JW: Were you present at many of the legendary Chess recording sessions?
MC: Sure. Right from the start. I was present at the recording of Gene Ammons’ My Foolish Heart, the first ever Chess record. It was late at night and I couldn’t stay awake. They put two chairs together to make a bed for me and I dozed through the whole thing. But I got a taste for the recording studio after that. The session that’s most vibrant in my memory is Chuck Berry’s No Particular Place To Go. It was 1963. Chuck had just come out of prison, having served eighteen months for transporting a 14-year-old Apache waitress across a state line. He came straight from prison to Chicago. My dad told me to go meet him, gave me a hundred dollars, and I took Chuck to State Street to this men’s clothing store to buy him a couple of outfits. That same week he cut No Particular Place To Go at Chess Studios and I was there to witness it. The place was rocking. Two weeks after that I became his road manager and we were off on tour.

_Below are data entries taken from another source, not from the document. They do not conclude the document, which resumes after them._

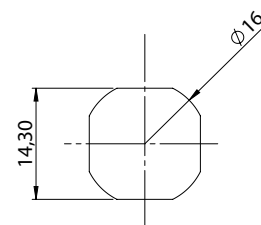

235 | МИНИ ЗАМОК БАБОЧКА НА ЧЕТВЕРТЬ ПОВОРОТА

Посадочное отверстие

Материал	Код	Код
	Хром	Чёрный цвет
Корпус: ЦАМ Ручка: ЦАМ Гайка: ЦАМ	235-11-11	235-15-15

* Все размеры указаны в миллиметрах

* При оформлении заказа данного замка, указать код языка отдельно

ЗАМКИ

236 | МИНИ ЗАМОК БАБОЧКА НА ЧЕТВЕРТЬ ПОВОРОТА

Посадочное отверстие

Материал	Код
	Чёрный цвет
Корпус: Полиамид Ручка: Полиамид Гайка: ЦАМ	236-25-25

* Все размеры указаны в миллиметрах

* При оформлении заказа данного замка, указать код языка отдельно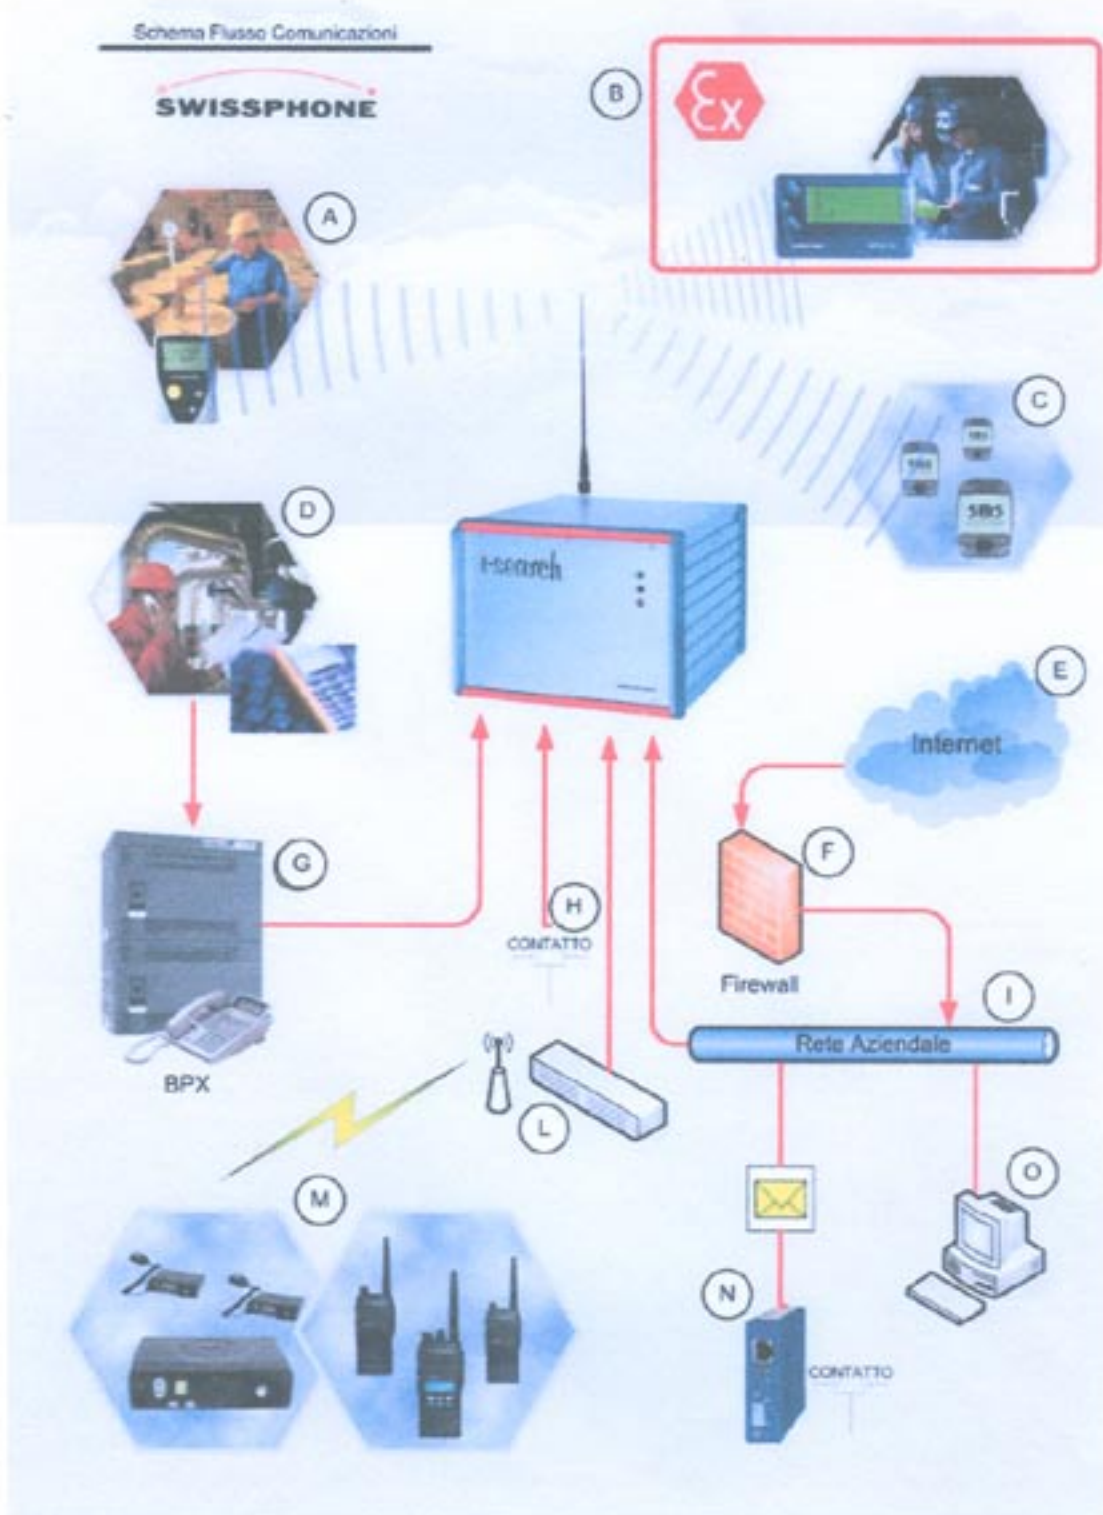

Il Sistema I-Search - Pager Digitale

NOVEL
radio

Via Elba, 12 - 20144 MILANO

T. +39 02433817-024981022 - F. +39 024987829

www.novelradio.it - E-mail: info@novelradio.it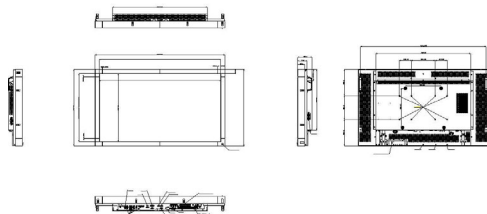

Støttet skjermopløsning

- Datamaskinformater: 640 x 480, 60, 67, 72, 75 Hz, 800 x 600, 56, 60, 72, 75 Hz, 1024 x 768, 60 Hz, 1280 x 768, 60 Hz, 1280 x 800, 60 Hz, 1280 x 1024, 60 Hz, 1360 x 768, 60 Hz, 1366 x 768, 60 Hz, 1440 x 900, 60 Hz, 1600 x 1200, 60 Hz, 1920 x 1080, 60 Hz, 1920 x 1200, 60 Hz
- Videoformater: 480i, 60 Hz, 480p, 60 Hz, 576p, 50 Hz, 576i, 50 Hz, 720p, 50, 60 Hz, 1080i, 50, 60 Hz, 1080p, 50, 60 Hz

Mål

- Tykkelse på rammen: 35,3 mm / 1,39"
- Bredde, apparat: 1091 millimeter
- Produktvekt: 26 kg
- Høyde, apparat: 646 millimeter
- Dybde, apparat: 120 millimeter
- Bredde, apparat (tommer): 43,0 tommer
- Høyde, apparat (tommer): 25,4 tommer
- Veggmontering: 200 x 200 mm, 400 x 200 mm
- Dybde, apparat (tommer): 4,7 tommer
- Vekt på produkt (pund): 57,3 lb

Miljøkrav ved bruk

- Temperaturområde (drift): 0-40 °C
- MTBF: 50,000 time(r)
- Relativ luftfuktighet: 5-90 %

Tilbehør

- Vedlagt tilbehør: Fjernkontroll, Batterier til fjernkontroll, Nettledning, VGA-kabel, Brukerhåndbok på CD-ROM, Hurtigstartveiledning
- Ekstrautstyr: Fast veggmontering, Fleksibel veggmontering, Takmontering
- Stativ: BM04642

Diverse

- Ramme: Metallic Anthracite
- Visningspråk på skjermen: Engelsk, Fransk, Tysk, Italiensk, Polsk, Tyrkisk, Russisk, Forenklet kinesisk
- Garanti: Europa/Nord-Amerika: 3 år
- Juridiske godkjenninger: CE, FCC, klasse B, UL/cUL, CCC, C-Tick, RoHS

Utgivelsesdato
2024-04-05

Versjon: 4.3.2

EAN: 87 12581 61901 5

© 2024 Koninklijke Philips N.V.
Alle rettigheter forbeholdt.

Spesifikasjonene kan endres uten varsel. Varemerker tilhører Koninklijke Philips N.V. eller deres respektive eiere.

www.philips.com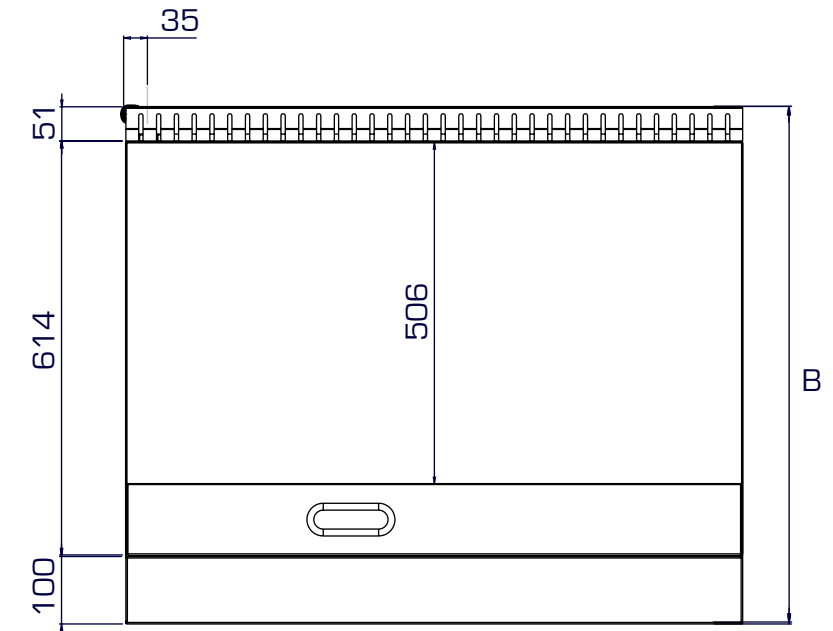

DIMENSIONES GENERALES

VISTA FRONTAL

VISTA LATERAL

VISTA SUPERIOR

MEDIDAS EN mm

MODELO	A	B	C	PERILLAS	QUEMADORES	BTU's	PESO DEL EQUIPO [Kg]	PESO DEL EQUIPO ENHUACALADO [Kg]
PG-2	610	768	355	2	2	40,000	54	74

Instalación de conexión al gas:

- Equipos a baja presión
- Presión requerida gas lp 11" Columna de Agua
- Presión requerida gas natural 5" Columna de Agua
- Entrada principal de gas 3/4" NPT Macho.

Av. La Paz #930-A, Col. Centro, C.P. 44100, Guadalajara, Jal.

JW: Chuck Berry has a reputation for being difficult. Was that your impression of him?
MC: I met a lot of eccentric people working at Chess but Chuck was by far the most extreme in that sense. He has lived life by his own rules and doesn’t really care about other people’s rules. In a way you have to respect that. But it’s hard to deal with at times. He’s a true outlaw and laid the foundations for that rock’n’roll lifestyle. He went to jail for a second time in 1979 because he refused to pay his taxes. He could have paid up and avoided prison. But he didn’t care. I didn’t personally have any problems with him. It helped that I didn’t have to deal with the business end of his career.
Me and Chuck go back a long way. I was thirteen when he signed to Chess, having been recommended by Muddy Waters. He’d stop over at our house. He’d sleep in my bedroom. I used to take him out for breakfast and he’d always amaze me by ordering a strawberry shortcake as a starter. Chuck did everything differently to other people. Mostly we talked about cars and girls. He especially loved girls. He had one of the world’s first Polaroid cameras and had hundreds of pictures of beautiful girls. He was a creative guy. A poet. A genuine artist. He was a great musician and an inspired lyricist. He really understood the psychology of white teenagers. The teenage revolution began in 1955. Suddenly kids were driving around in flash cars, going to drive-in movies, drive-in hamburger joints. This was a whole new crazy cultural shift in America. It wasn’t happening in the black population but Chuck instinctively understood what was happening with the white kids and he captured that entire upheaval in his songs.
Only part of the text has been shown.